Whidbey commuters get update on ferry electrification, staffing concerns
Clinton's ferry overhaul was 30% designed, but Whidbey riders were told the real payoff is still years away while staffing gains have cut cancellations.

Whidbey commuters heard two messages at once: Washington State Ferries is making progress on cleaner terminals and boats, but the relief riders care about most will take years to arrive. At the same time, the agency said its hiring push has helped cut cancellations to the lowest level since 2020, a change that matters immediately to South Whidbey families, workers and businesses that depend on the Mukilteo-Clinton run.

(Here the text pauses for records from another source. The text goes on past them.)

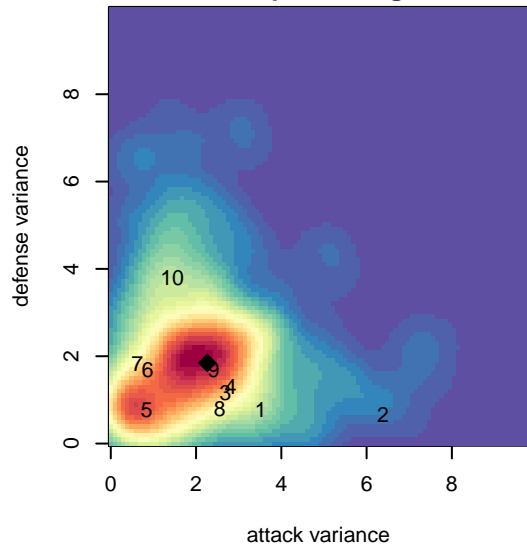

Thelo Warriors B04

Thelo United Futbol
 Milwaukie, OR
 B04 total strength=694
 attack=1.1 defense=0.44
 fall league = PTT B04 Div 2 Green
 spr league = Spr OYS B04 Div 2 Green

alt names used:
 Thelo Warriors
 Thelo United FC 04B Warriors
 TUFC Warriors
 Thelo United FC 04B Warriors

Venues played:
 2016 Beaverton Cup BU13 Silver
 2016 Mt Hood Challenge U13 Silver
 2016 PTT B04 Division 2 Green
 2016 Spr OYS B04 Division 2 Green

Thelo Warriors B04
 Dots are actual minus expected GF (blue circles) and GA (red triangles).
 Blue line is smoothed change in attack strength. Red is smoothed change in defense strength.

**attack and defense variance (black dot)
relative to other teams
and top 10 in region**

**attack and defense rating
relative to others at age
and all opponents in last 13 months**

Performance relative to 13 month average

Clinton is one of four terminals where electrification work is already underway. Agency staff said design for the Clinton terminal is about 30% complete, with final design expected next summer, construction anticipated in fall 2027 and operations at Clinton ideally starting by 2029. The terminal’s overhead-loading improvement project carries $40 million in funding and a 2026-2029 timeline, and the agency said it also plans a new walkway at the ferry terminal to make boarding easier and safer.

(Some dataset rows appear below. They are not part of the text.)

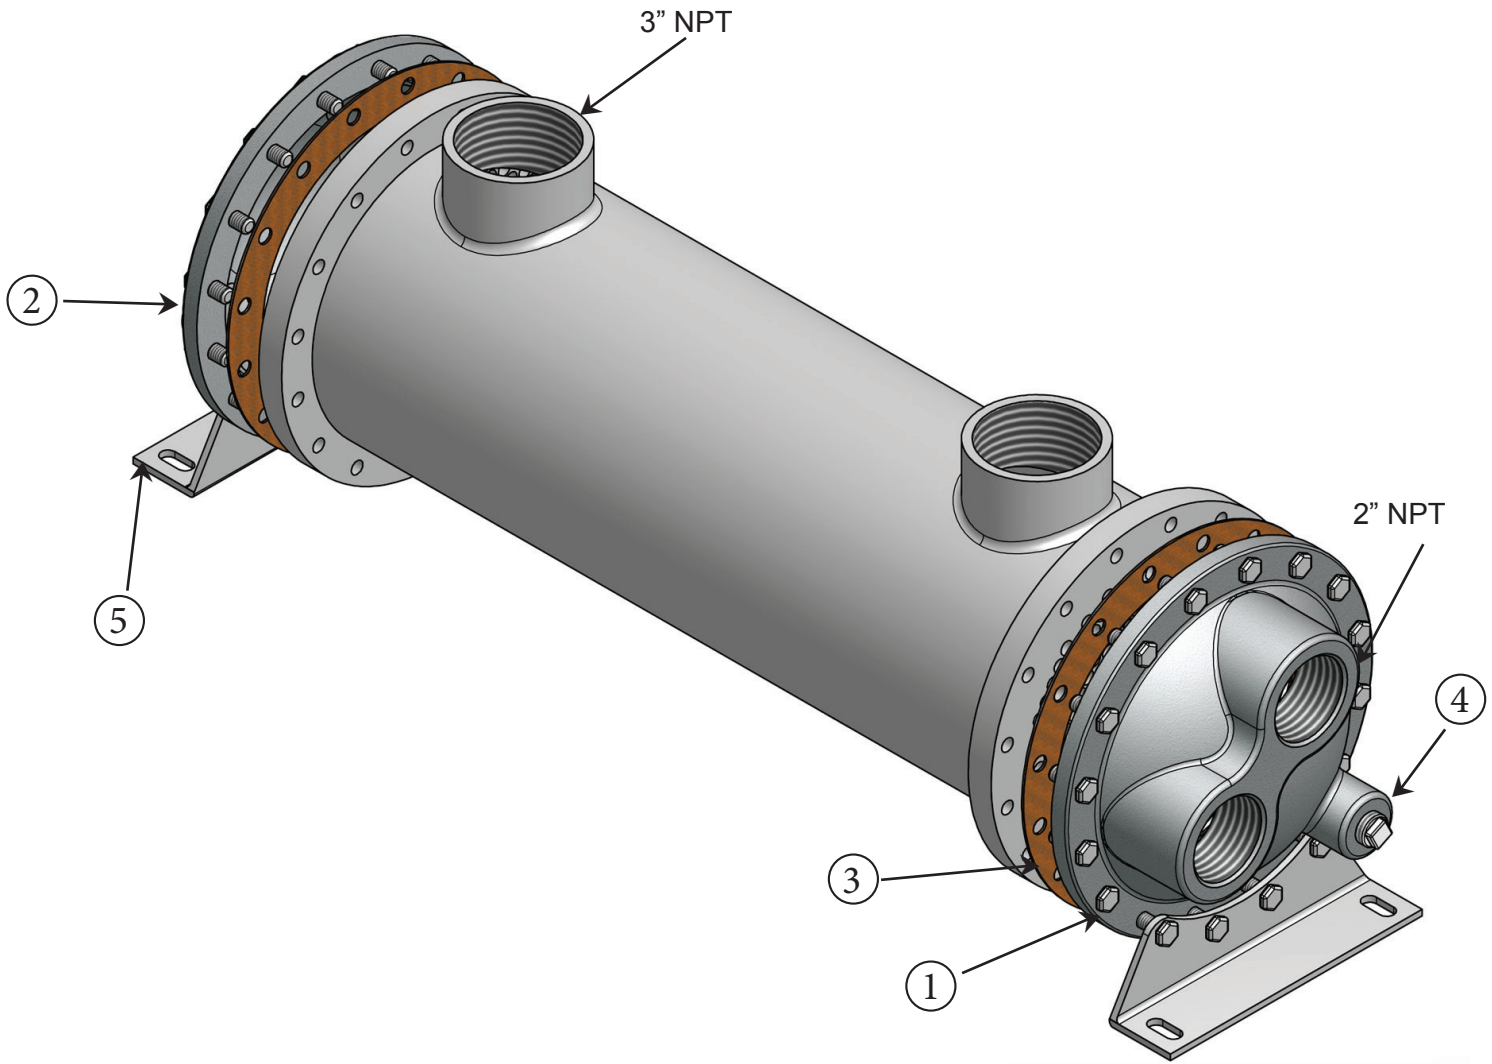

CS-17-FP Parts List

<u>Item</u>	<u>Description</u>	<u>Material</u>	<u>Part Number</u>	<u>Price Each</u>	<u>Stock</u>
1.	End Bonnet / In-Out	Cast Iron	205-0005		Yes
2.	End Bonnet / Return	Cast Iron	205-0006		Yes
1.	End Bonnet / In-Out	Cast Bronze	205-0031		Yes
2.	End Bonnet / Return	Cast Bronze	205-0032		Yes
1.	End Bonnet / In-Out	Stainless Steel	205-0056		Yes
2.	End Bonnet / Return	Stainless Steel	205-0057		Yes
3.	Gasket / Front-Back	Hypalon	302-1005		Yes
3.	Gasket / Front-Back	High Temperature	302-1015		Yes
4.	0.5" NPT Thread 1.75" by 0.63" OD	Zinc Anode	301-0003		Yes
5.	Foot Bracket	Steel	205-0161		Yes

The broader program is much larger than one terminal. Washington State Ferries says it is working toward a 70% cut in greenhouse gas emissions by 2040 by electrifying as many as 16 terminals, building 16 new hybrid vessels and retrofitting six existing diesel ferries. The state transportation department says ferry operations are the biggest source of greenhouse gas emissions among Washington state agencies, and that the system burns about 19 million gallons of diesel each year to carry nearly 20 million passengers.

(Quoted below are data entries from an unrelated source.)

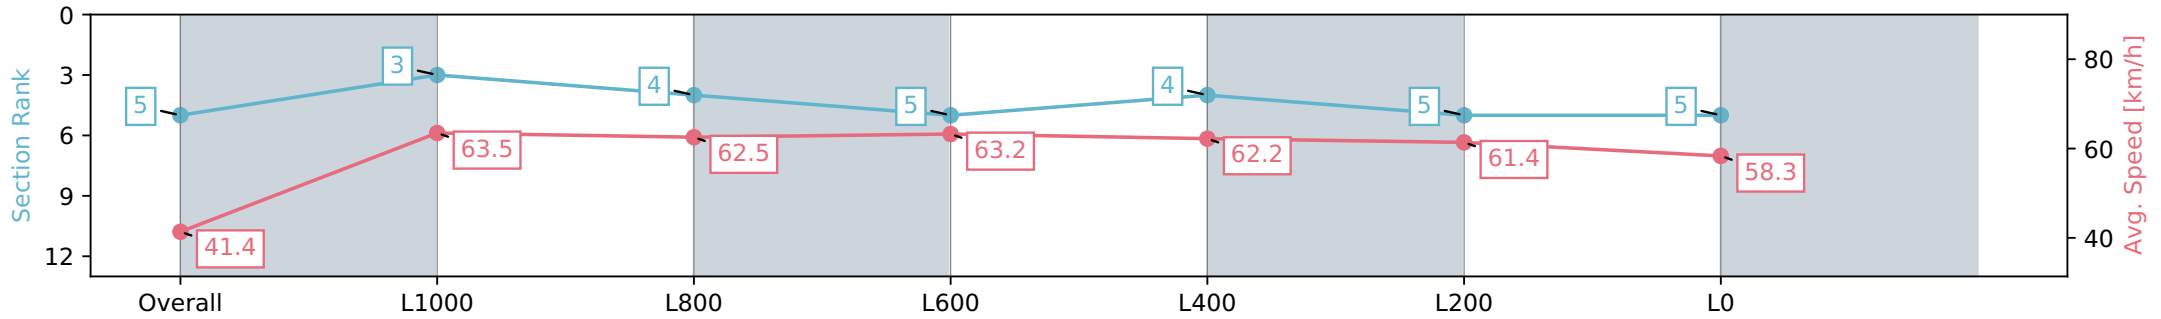

Morphettville Parks SA - Professional

Race 1: Fleurieu Milk Company 3YO Maiden Plate - 1300m

18 May 2024 - 11:37AM

Track Rating: Good 4, Weather: Fine, Rail Position: +3m 1000m -W/P, True Remainder

Section	Overall	L1000	L800	L600	L400	L200	L0
Section Times	1:19.13 [5] (0:08.73)	1:10.40 [3] (0:11.34)	0:59.06 [4] (0:11.63)	0:47.43 [5] (0:11.45)	0:35.98 [4] (0:11.78)	0:24.20 [5] (0:11.86)	0:12.34 [5] (0:12.34)
Average Speed [km/h]	41.4	63.5	62.5	63.2	62.2	61.4	58.3
Top Speed [km/h]	61.0	64.5	63.6	63.8	63.6	62.8	61.0
Avg. Dist. to Rail [m]	3.4	1.9	2.1	1.7	3.6	5.4	8.9
Avg. Stride Freq. [Hz]	2.2	2.4	2.3	2.3	2.3	2.3	2.3
Avg. Stride Length [m]	5.2	7.3	7.5	7.5	7.4	7.3	7.0

For Whidbey riders, the Mukilteo-Clinton route is the key piece. The run carried 3.7 million riders in 2023 and again 3.7 million riders in 2025, making it one of the busiest in the system. WSDOT said the first new vessels in the electrification program will serve that route, which means the payoff for South Whidbey will come only after the terminal and vessel work is far enough along to change how the line operates day to day.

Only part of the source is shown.